WORK TASK: Search the data for the string "depth" and gather each line it is in.
:: DATA SUPPLIED
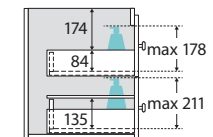

Newport

1200MM SINGLE BOWL
WALL-HUNG
ALL DRAWER CABINET
WITH HANDLES

- Select from three standard and two premium thermolaminated colours
- 'Confident close' drawer damping system combines smooth, fast closing with late deceleration to provide a quiet landing on close
- Full extension runners allow easy access to the full depth of the drawer
- Fresh white interior
- Full depth (suits 465 mm tops)
- Two drawers
- Requires handles (included in price)
- Made in Australia with FSC certified, E0 board

NOTE: HANDLES REQUIRED

TOP VIEW: DRAWER AREA
(Dimensions may vary depending on basin position)

SIDE VIEW:
DRAWER STORAGE

Available in

5 Colour Finishes
ND120W

Classic White

Stone Grey

Black

We aim to ensure that specifications are correct at the time of publication. All measurements are shown in millimetres. For MDF cabinetry, please allow +/- 5 mm tolerance per 1000 mm for manufacturing variance in straightness. Always use measurements of actual product received for final specification as the technical drawing may contain differences. Due to printing limitations, physical colour may vary from the image shown. Fienza reserves the right to make modifications without prior notice.
::::
WRITTEN SOLUTION:
- Full extension runners allow easy access to the full depth of the drawer
- Full depth (suits 465 mm tops)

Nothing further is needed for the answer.